I'm trying to insert a check step in my R script to determine if the structure of the CSV table I'm reading is as expected. See details: table.csv has the following colnames: [1] "A","B","C","D"

This file is generated by someone else, hence I'd like to make sure at beginning of my script that the colnames and the number/order of columns has not change.

I tried to do the following:

    #dataframes to import
    df_table <- read.csv('table.csv')

    #define correct structure of file
    Correct_Columns <- c('A','B','C','D')
    #read current structure of table
    Current_Columns <- colnames(df_table)

    #Check whether CSV was correctly imported from Source
    if(Current_Columns != Correct_Columns)

    {
    # if structure has changed, stop the script. 
    stop('Imported CSV has a different structure, please review export from Source.')
    } 
    #if not, continue with the rest of the script...

Thanks in advance for any help!

Mirko Gagliardi
  • 69
  • 1
  • 10
  • I think you want `if(any(Current_Columns != Correct_Columns))`. I assume you were getting some error before? It would be help to include the information about why your solution didn't work. – MrFlick Mar 05 '18 at 16:22

2 Answers2

1

Using base R, I suggest you take a look at all.equal(), identical() or any().

See the following example:

a <- c(1,2)
b <- c(1,2)
c <- c(1,2)
d <- c(1,2)
df <- data.frame(a,b,c,d)

names.df <- colnames(df)
names.check <- c("a","b","c","d")

!all.equal(names.df,names.check)
# [1] FALSE

!identical(names.df,names.check)
# [1] FALSE

any(names.df!=names.check)
# [1] FALSE

Following, your code could be modified as follows:

if(!all.equal(Current_Columns,Correct_Columns))
{
# call your stop statement here
} 

Your code probably throws a warning because Current_Columns!=Correct_Columns will compare all entries of the vector (i.e. running Current_Columns!=Correct_Columns on its own on the console will return a vector with TRUE/FALSE values).

Contrary, all.equal() or identical() will compare the whole vectors while treating them as objects.

For the sake of completeness, please be aware of the slight difference between all.equal() and identical().

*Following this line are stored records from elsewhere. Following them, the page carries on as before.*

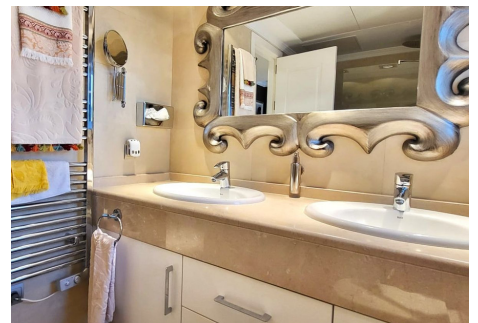

BROMLEY ESTATES

Marbella

with sea views and jacuzzi and another with mountain views and bar. Children's bedroom, both spacious, with en-suite bathroom, lots of natural light and access to the terrace. Built meters: 307m2. useful: 142 m2. Included in the price are 2 large underground parking spaces and 2 large storage rooms.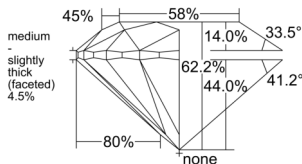

GIA®

FACSIMILE

GIA REPORT 2526541315

Verify this report at GIA.edu

GIA NATURAL DIAMOND DOSSIER®

June 19, 2025
GIA Report Number 2526541315
Shape and Cutting Style ..... Round Brilliant
Measurements ..... 5.37 - 5.41 x 3.35 mm

GRADING RESULTS

Carat Weight ..... 0.60 carat
Color Grade ..... F
Clarity Grade S11
Cut Grade ..... Excellent

ADDITIONAL GRADING INFORMATION

Polish ..... Excellent
Symmetry ..... Excellent
Fluorescence ..... Strong Blue
Clarity Characteristics ..... Cloud
Inscription(s): GIA 2526541315

PROPORTIONS

GRADING SCALES

GIA COLOR SCALE	GIA CLARITY SCALE	GIA CUT SCALE	
D	FLAWLESS	EXCELLENT	
E	INTERNALLY FLAWLESS		
F		VVS₁	VERY GOOD
G	VVS₂		
H	VS₁	GOOD	
I	VS₂		
J	S1₁	FAIR	
K	S1₂		
L	I₁	POOR	
M	I₂		
N	I₃		
O			
P			
Q			
R			
S			
T			
U			
V			
W			
X			
Y			
Z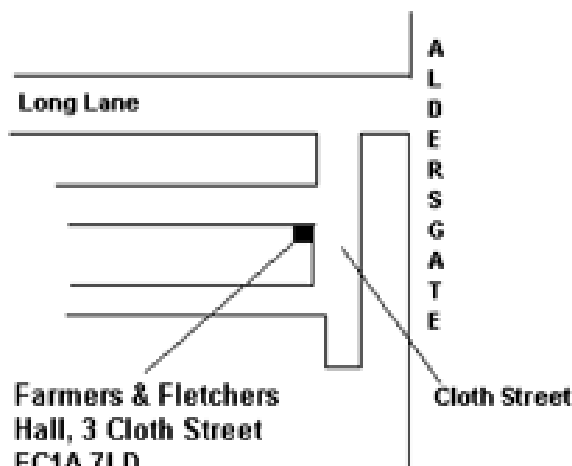

**Farmers' and Fletchers' Hall Location**

**Farmer and Fletchers Hall**  
3 Cloth Street, EC1A 7LD  
tel 020 7600 2204 fax 020 7606 4971

**Farmers & Fletchers Hall, 3 Cloth Street EC1A 7LD**  
The door is on the corner, enter and go downstairs to the reception area.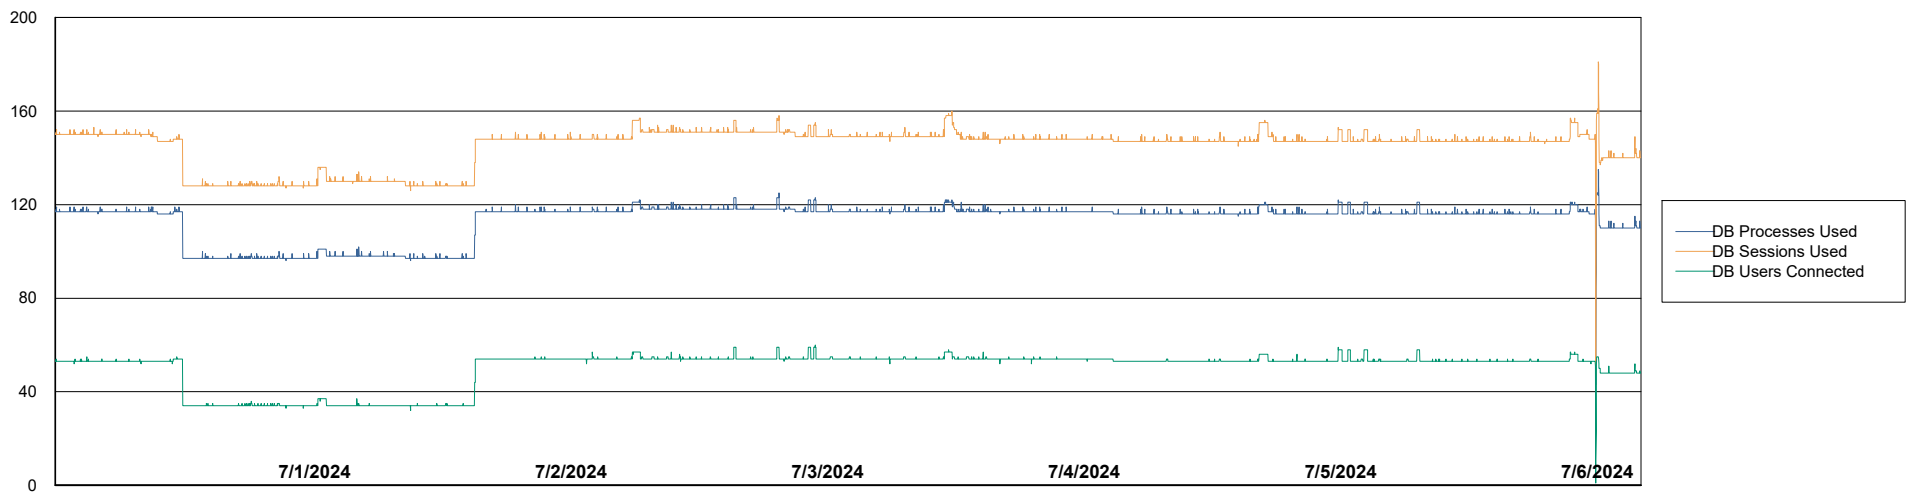

Database Performance PCO_PRD_PARIS-ABS1_ABS1

In your case it doesn't matter which one you use but it can get important when dealing with numerical vectors. See here for more information.

JSN
  • 451
  • 4
  • 11
  • Thank you so much, it worked like a charm! Only issue now is that it won't work when I recall the script from a master script: > #### Run script #### > source('location/...[TRUNCATED] Error in eval(ei, envir) : Imported CSV has a different structure, please review export from Source. – Mirko Gagliardi Mar 06 '18 at 12:28
  • Almost forgot, if I run the very same script by itself, it works, and the IF instance does not trigger because file structure is actually the same. Only when I run it from the master script it fails the IF test... – Mirko Gagliardi Mar 06 '18 at 12:38
  • I guess the code of your master script would be necessary to see where the bug is. My first guess would be that your working directory is a different one when running the master script and therefore a different "table.csv" file is loaded. But thats no more than a wild guess at this point. – JSN Mar 07 '18 at 09:32
0

A quick way with data.table:

library(data.table)
DT <- fread("table.csv")
Correct_Columns <- c('A','B','C','D')
Current_Columns <- colnames(df_table)

Check if there is a false in pairwise matching:

if(F %in% Current_Columns == Correct_Columns){
  stop('Imported CSV has a different structure, please review export from Source.')
} 

}

C-x C-c
  • 1,261
  • 8
  • 20